La Succession Des Victimes à L’émigration «clandestine» : Que Dit La Loi ?

Au-delà de l’aspect social, économique et politique, un coin de l’approche juridique de cette situation préoccupante de l’émigration clandestine mérite d’être rappelé pour le respect des âmes des personnes dont les corps n’ont pas été jusque-là retrouvés ou identifiés pour pouvoir déclarer leur décès dans les conditions classiques prévues par la Loi.

Le Code de la Famille est sans équivoque. Il dispose en son article 1er que la personnalité juridique cesse au décès. C’est donc au décès et par le décès que s’éteint la personnalité, qu’elle se perd.

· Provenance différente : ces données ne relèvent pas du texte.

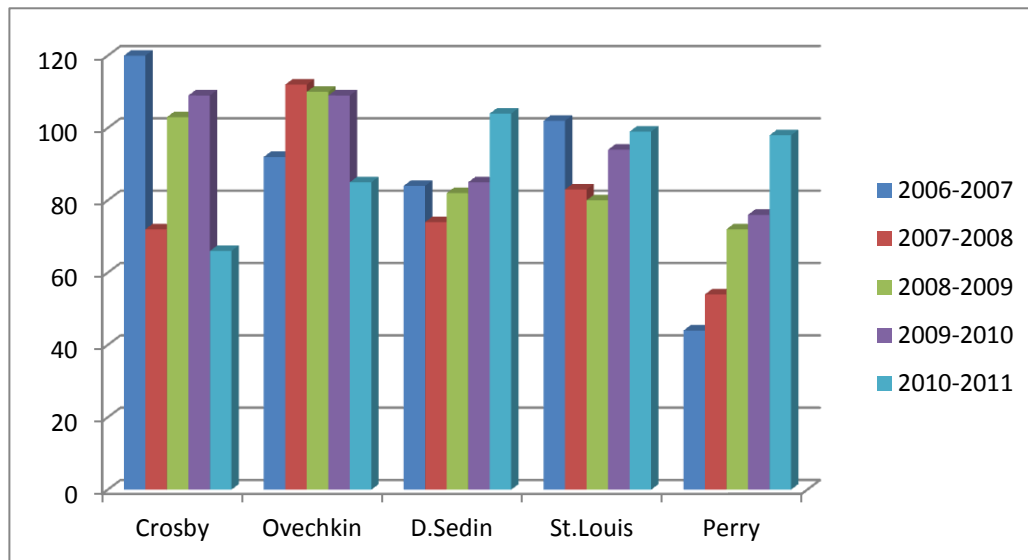

NHL Points

	Crosby	Ovechkin	D.Sedin	St.Louis	Perry
2006-2007	120	92	84	102	44
2007-2008	72	112	74	83	54
2008-2009	103	110	82	80	72
2009-2010	109	109	85	94	76
2010-2011	66	85	104	99	98
Total	470	508	429	458	344
Average	94	101.6	85.8	91.6	68.8
Range	54	27	30	22	54

Questions

- 14.) 126
- 15.) Ovechkin
- 16.) St.Louis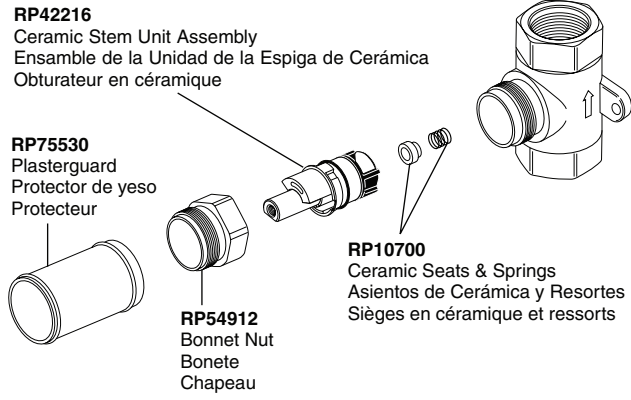

T66695▲
 RSVP® Cross
 Cruz RSVP®
 Cruciforme RSVP®

▲ Specify Finish / Especifique el Acabado / Précisez le Fini

Model/Modelo/Modèle
R66000-WS

RP72604
Optional Extension Kit
Kit opcional de la extensión
Kit facultatif de rallonge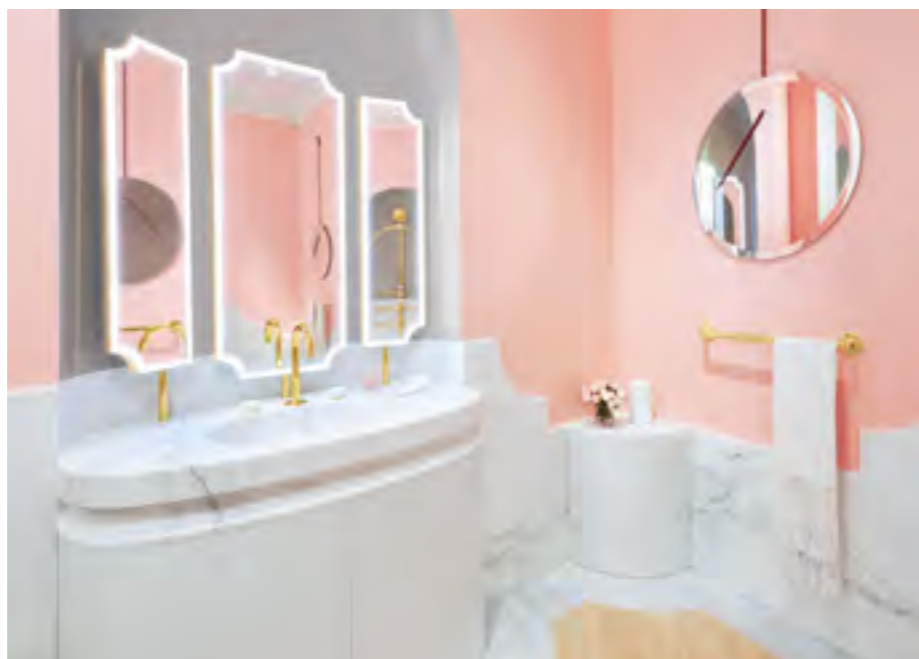

РАКОВИНА С МЕБЕЛЮ,

УГЛОВАЯ ТУМБА & ОТТОМАНКА //

НАСТОЯЩИМ ДЕКОРАТИВНЫМ УКРАШЕНИЕМ КОЛЛЕКЦИИ ЯВЛЯЕТСЯ МЕБЕЛЬ ДЛЯ РАКОВИНЫ. ОНА СОСТАВЛЯЕТ ПРЕКРАСНУЮ КОМПОЗИЦИЮ С РАКОВИНОЙ-СТОЛЕШНИЦЕЙ, КОТОРАЯ ВЫПОЛНЕНА ИЗ ЦЕЛЬНОГО БЛОКА МРАМОРА. НАД НЕЙ РАСПОЛОЖЕНО ТРОЙНОЕ ЗЕРКАЛО, УКРАШЕННОЕ ПОЗОЛОЧЕННОЙ РАМОЙ СО ВСТРОЕННОЙ СВЕТОДИОДНОЙ ПОДСВЕТКОЙ.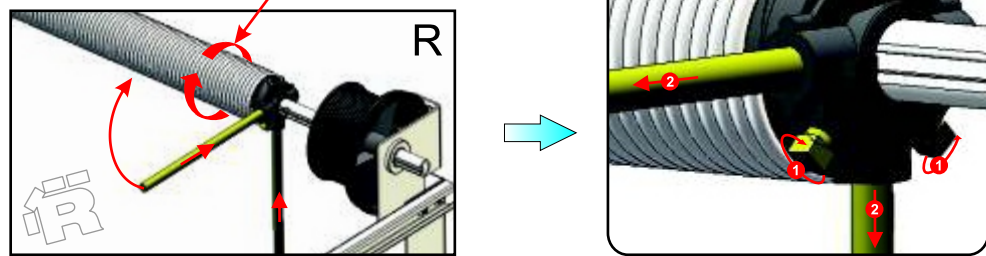

RDOC-MI-PAV-RP-HL-01

RP HL ІНСТРУКЦІЯ З МОНТАЖУ секційні ворота RYTERNA

Заводський номер
BM XXXXX-XXX-XXX
Оберти пружини XX

L - ліва сторона, R - права сторона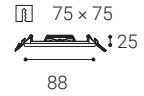

SLIM-Q

SLIM-Q, XS # W K lm ↻ CZK**

	2182731	6	3.000	480	-	807 Kč

SLIM-Q, S # W K lm ↻ CZK**

	2182831	10	3.000	800	-	1.123 Kč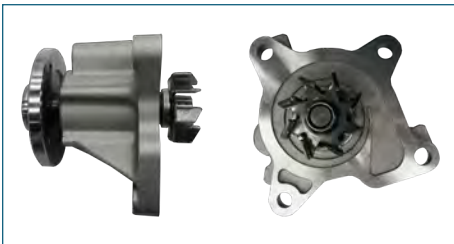

BOMBA AGUA VERNA (2002-2005) 1.5

BOMBA AGUA
2101013225

BOMBA AGUA 720 (1980-1993) 1.8 / (MOTOR TIPO J16/J18-PICK UP)

BOMBA AGUA
210101E400

BOMBA AGUA ALTIMA (1998-2001) 2.4

BOMBA AGUA
2101086G00

BOMBA AGUA D21 (1994-2008) 2.4 - ICHIVAN (1990-1996) 2.4 / (PROPELA DE METAL)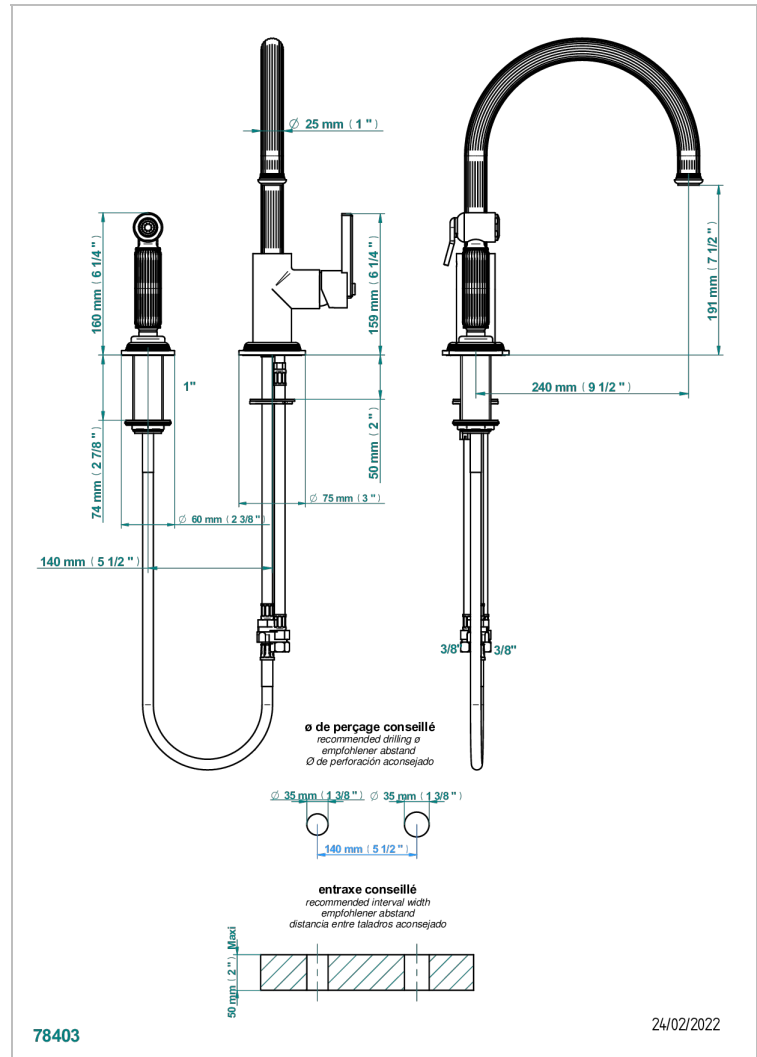

GRAND CENTRAL ONYX NOIR

U9M-6181N/DUS

THG[®]
PARIS

Mitigeur d'évier avec bec orientable et douchette individuelle, standard américain

CARACTÉRISTIQUES

- Grand Central Onyx noir
- Mitigeur d'évier avec bec orientable et douchette individuelle, standard américain

FINITIONS DISPONIBLES

Bronze clair - D01
Chromé - A02
Chromé mat - C02
Doré brillant - F01
Doré mat - F07
Laiton fumé naturel - A13

Nickel brillant - B01
Nickel mat - C01
Noir mat céramique - D30
Or pâle - F30
Or pâle mat - F31
Pvd blush - H62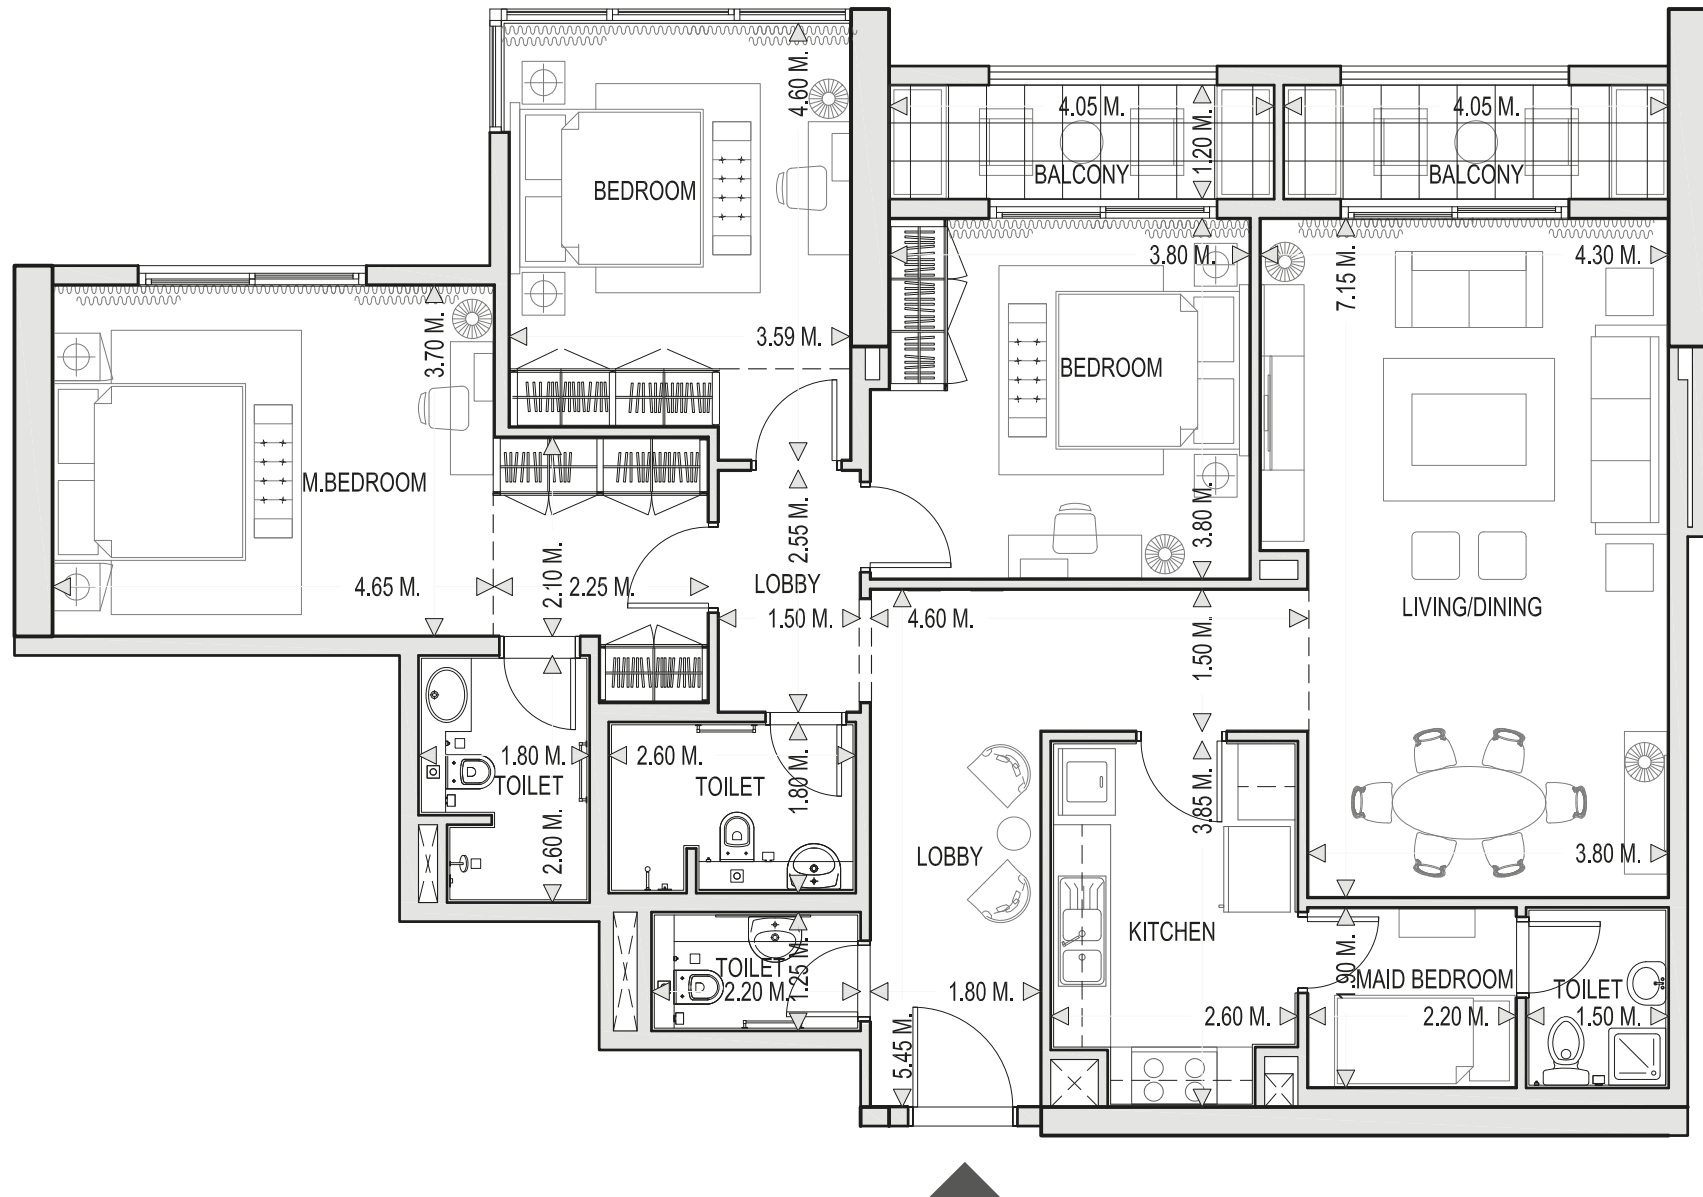

Emaar Residences

3 Bedroom - Unit A

Living Area 148.42 m²

Balcony Area 11.48 m²

Total Area 159.9 m²

Emaar Residences

Jeddah Gate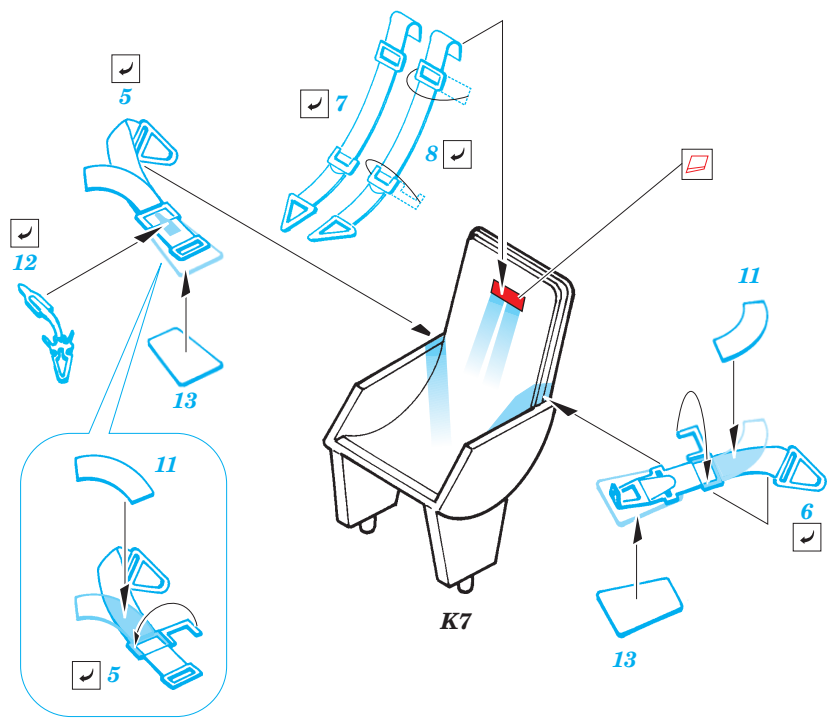

He-111H-6 interior set

1/72 scale detail set for Hasegawa kit • sada detailů pro model 1/72 Hasegawa

73 247

- APPLY EXPRESS MASK AND PAINT BEFORE GLUING
POUŽIT EXPRESS MASK NABARVIT PŘED SLEPENÍM
- SYMMETRICAL ASSEMBLY
SYMETRICKÁ MONTÁŽ
- REMOVE
ODSTRANIT
- GRIND
OBROUSIT
- DRILL HOLE
VRTAT OTVOR
- BEND
OHNOUT
- OPTION
VOLBA
- REPLACE
NAHRADIT

Film

ORIGINAL KIT PARTS
PŮVODNÍ DÍLY STAVEBNICE

PHOTO-ETCHED PARTS
LEPTANÉ DÍLY

PARTS TO BE REMOVED
DÍLY K ODSTRANĚNÍ

FILL
TMELIT

A 22 sets

2 sets

3 pcs 42

plastic
 $\varnothing = 1,5\text{mm}$
 $l = 3\text{mm}$

REFERENCES:
 Aero Detail No.18 - Heinkel He 111
 Modelpres Publ. - Heinkel He 111
 Replic No.40 12/1994

For further detail sets look for eduard 72 436 He-111H-6 Exterior set (not included in this set)

Généralement, les successions s’ouvrent par la mort de l’individu (art 397 et suivants du Code de la Famille). Néanmoins, il existe d’autres causes, au-delà de la mort naturelle, qui permettent d’ouvrir la succession. Mais il arrive qu’en l’absence de cadavre, le constat du décès soit impossible. Ces situations engendrent des incertitudes que le législateur sénégalais encadre dans les articles 16 et suivants du Code de la Famille. Cette incertitude peut résulter de l’absence de nouvelles d’une personne pendant une période relativement longue ou des circonstances dans lesquelles ce manque de nouvelles s’est produit. Ce sont respectivement l’absence et la disparition relativement définies ci-après :

Selon l’article 16 al. 1er du Code de la Famille, l’absence est la «situation de la personne dont le manque de nouvelles rend l’existence incertaine». Dans le langage vulgaire, commun, usuel, l’absent est un individu qui n’est pas présent dans un lieu où il aurait dû se trouver à un moment déterminé.

Légalement, l’absent est un individu dont on ne sait plus s’il est vivant ou mort parce qu’il a quitté son domicile depuis longtemps sans donner de ses nouvelles.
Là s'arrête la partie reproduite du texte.